Tl;DR - If you just want to try the connector, install instructions are here.
When we talk to customers about Spyderbat, one of the common questions we get is “can I leverage my existing detections?”. The answer of course is “yes” - Spyderbat can leverage and enhance existing detection investments that teams have made, feed those into Spyderbat via our APIs, and map them to Spyderbat’s causal graph of activity within and between Cloud workloads and containers.
This provides a few key benefits:
Providing operators and analysts with the full story for detections, including the casual activity that led to a Falco detection and the activities that followed it.
Third-party detections can contribute to (and initiate) “Spydertraces”, ongoing traces of infrastructure activity automatically created both within and across containers and Cloud workloads, that are continuously scored to help teams significantly separate signal from noise.
Drive automated workflows to SIEM/SOAR, and automated response actions via Spyderbat analytics.
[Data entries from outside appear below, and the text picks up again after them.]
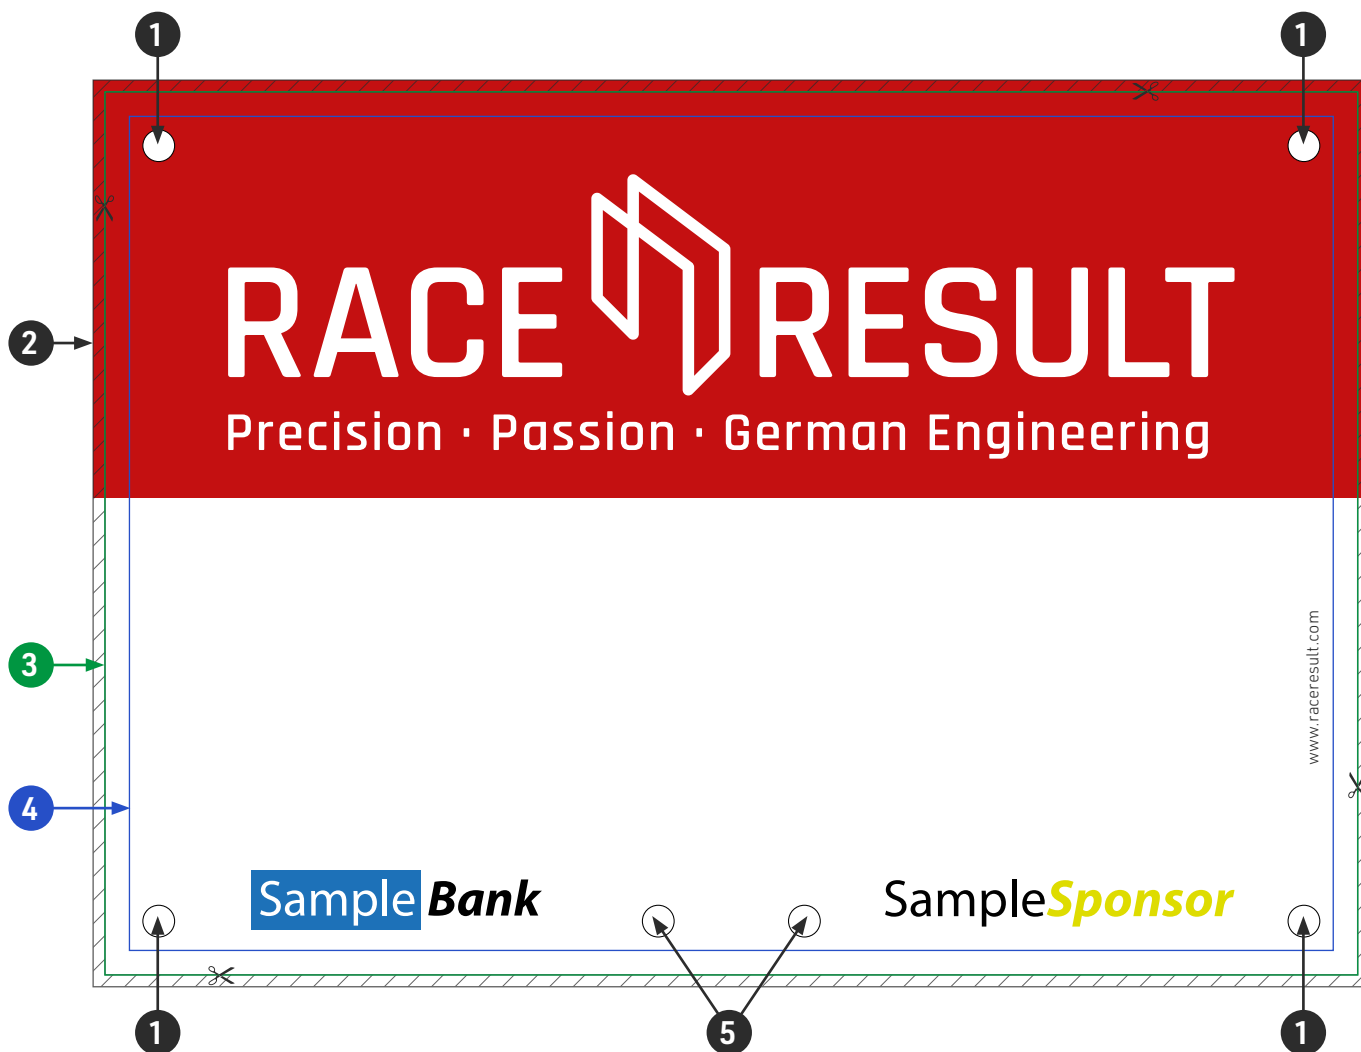

## **Digigold IceWhite**

100 g/m<sup>2</sup> a 160 g/m<sup>2</sup>

bez dreva, svetlá biela, nenatieraná

digitálna papierová tlač

vyrobené z certifikátu FSC

Buničina a suroviny ostatných

Kontrolovaného pôvodu

The Spyderbat Falco Connector is a great example of one of these integrations. Falco is a popular open source project for Cloud Native runtime security with a rules engine and a set default rules (e.g. shell in a container, file write to sensitive directories etc..)
To demonstrate the connector in action, we set up Falco (and Falco Sidekick) to forward the Falco events to the Spyderbat API - and ran an example attack scenario - a read only Redis container exploit.
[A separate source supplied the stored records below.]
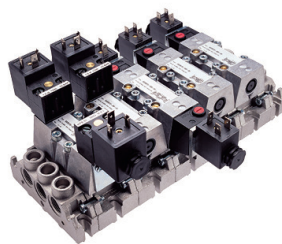

Válvulas
sin juntas
ISO★star
SXE/SXP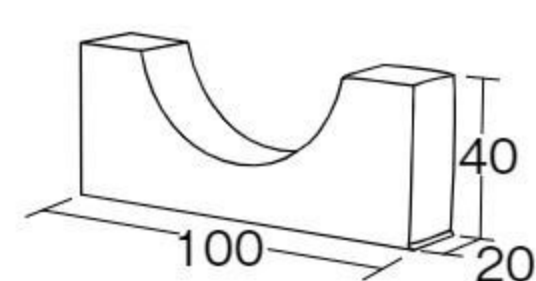

ブロックマットマルチ

#550556 10%税込 **33,880円** / 本体 30,800円 運賃

【重さ】 2kg

Here you can see the (default) Falco alerts on the left and the full Sydertrace for the attack on the right:
The Falco events have been fed into Spyderbat and combined with Spyderbat’s own detections, and the resulting automatically generated Spydertrace of activity. Looking at the trace, we get the full context and sequence of the attack, starting all the way from the initial connection into the Redis container, through payload execution in a complete connected sequence. This also includes tying network activity to process activity (e.g. we can see the retrieval of the Github package here as well)
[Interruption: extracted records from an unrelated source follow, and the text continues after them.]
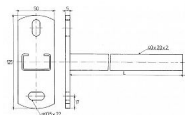

Rabovský konzola nosník C40x20, I - 250mm otočená 32102251

» Instalátorský materiál » Nářadí » Kotevní technika » Nosníky

[Rabovský](#)

Balení	1,0000
Množství skladem	255,00
Rezervováno	226,00
Kód produktu	12528
EAN	8595609205281

40 x 20 x 2 mm
OBORY POUŽITÍ

- připevnění a vedení potrubí podél stěny
- sestavení různých montážních rámců
- upevnění strojů a zařízení
- široká rozměrová řada
- 3 druhy povrchové úpravy: barva, galv. zinek, žárový zinek

max. zatížení F (kg) 110

délka 250

Dostupnost: 29,00 ks

Parametry zboží

Výrobce Rabovský

Since Spyderbat is always monitoring and creating this map of activity inside and between Cloud and container workloads (by default for the previous 90 days) - we can also analyze traces of activity that go between containers and instances, and that span long periods of time. This provides the picture and story of what’s happening within your Cloud Native environment, without having to “join the dots” by looking through a wealth of atomic detections and logs.